在一个可能的设计中,所述神经网络压缩装置的结构中可以包括确定单元、权重调整单元和训练单元,这些单元可以执行上述第一方面方法示例中的相应功能,具体参见第一方面方法示例中的详细描述,此处不做赘述。In a possible design, the structure of the neural network compression device may include a determination unit, a weight adjustment unit, and a training unit, and these units may perform the corresponding functions in the method examples of the first aspect described above. For details, see the method examples of the first aspect The detailed description in is not repeated here.
在一个可能的设计中,所述神经网络压缩装置的结构中可以包括处理器和存储器,所述处理器被配置为执行上述第一方面提及的方法。所述存储器与所述处理器耦合,其保存 所述神经网络压缩装置必要的程序指令和数据。In a possible design, the structure of the neural network compression device may include a processor and a memory, and the processor is configured to perform the method mentioned in the first aspect above. The memory is coupled to the processor, and stores necessary program instructions and data of the neural network compression device.

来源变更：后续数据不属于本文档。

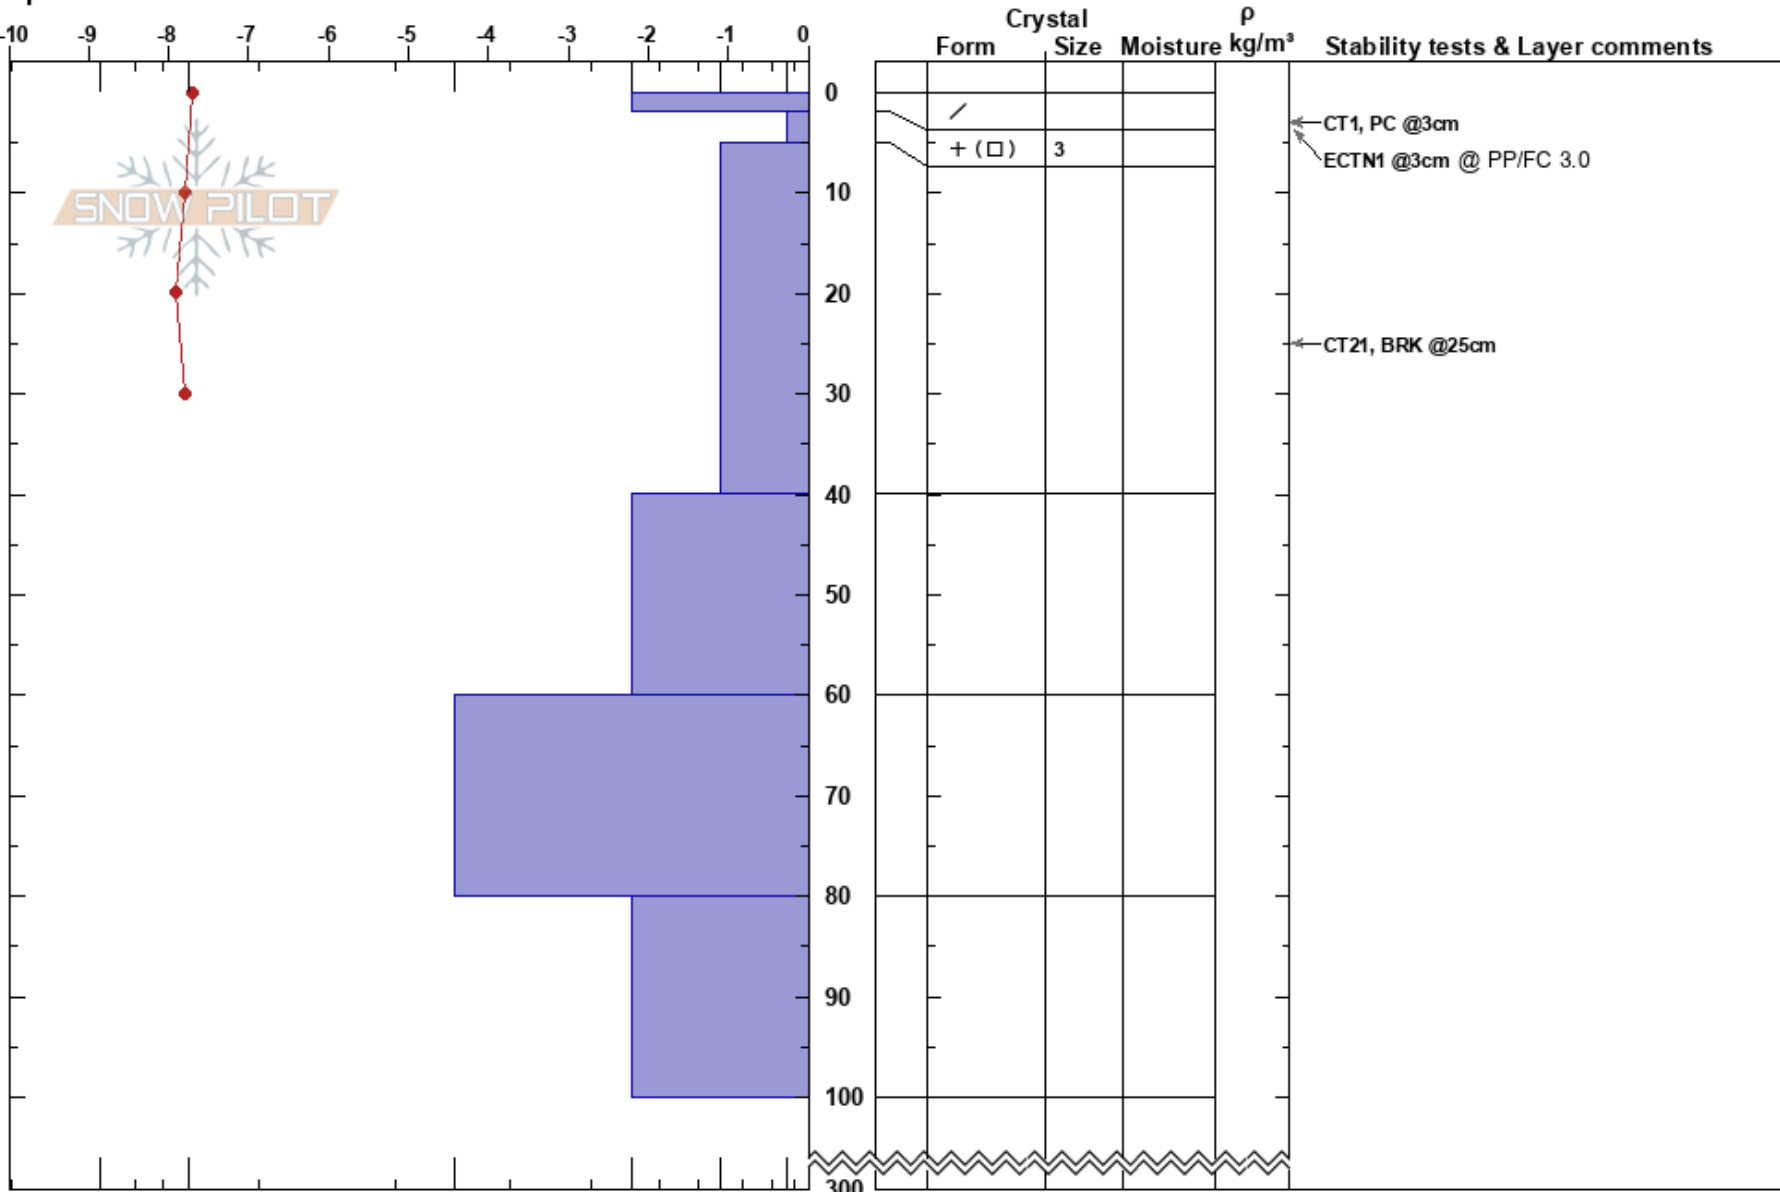

Björnbacken SO
 Vålådalen
 Sweden
Elevation: 900 m
Aspect: SE
Specifics:

Karin Trolin
 11/12/2023 - 12:45
Co-ord: 33V 399988E 7005764N
Slope Angle: 25°
Wind Loading: yes

Stability: HS:300
Air Temperature: -7.3°C PF:10 2-5cm:Problematic layer
Sky Cover: BKN
Precipitation: NO
Wind: SW Moderate

第四方面,本申请还提供了一种数据处理装置,该数据处理装置具有实现上述第二方面方法的功能。所述功能可以通过硬件实现,也可以通过硬件执行相应的软件实现。所述硬件或软件包括一个或多个与上述功能相对应的模块。According to a fourth aspect, the present application further provides a data processing device having the function of implementing the method of the second aspect. The function can be realized by hardware, or can also be realized by hardware executing corresponding software. The hardware or software includes one or more modules corresponding to the above functions.
在一个可能的设计中,所述数据处理装置的结构中可以包括获取单元和处理单元,这些单元可以执行上述第二方面方法示例中的相应功能,具体参见第二方面方法示例中的详细描述,此处不做赘述。In a possible design, the structure of the data processing device may include an acquisition unit and a processing unit, and these units may perform the corresponding functions in the method examples of the second aspect described above. For details, see the detailed description in the method examples of the second aspect. I will not repeat them here.
在一个可能的设计中,所述数据处理装置的结构中可以包括处理器和存储器,所述处理器被配置为执行上述第二方面提及的方法。所述存储器与所述处理器耦合,其保存所述数据处理装置必要的程序指令和数据。In a possible design, the structure of the data processing apparatus may include a processor and a memory, and the processor is configured to perform the method mentioned in the second aspect above. The memory is coupled to the processor, and stores necessary program instructions and data of the data processing device.
第五方面,本申请还提供了一种计算机存储介质,所述计算机存储介质中存储有计算机可执行指令,所述计算机可执行指令在被所述计算机调用时用于使所述计算机执行上述第一方面或第二方面提及的任一种方法。In a fifth aspect, the present application also provides a computer storage medium that stores computer-executable instructions, which when used by the computer are used to cause the computer to execute the first Any one of the methods mentioned in one aspect or the second aspect.
第六方面,本申请还提供了一种包含指令的计算机程序产品,当其在计算机上运行时,使得计算机执行上述第一方面或第二方面提及的任一种方法。In a sixth aspect, the present application also provides a computer program product containing instructions, which when executed on a computer, causes the computer to perform any of the methods mentioned in the first aspect or the second aspect.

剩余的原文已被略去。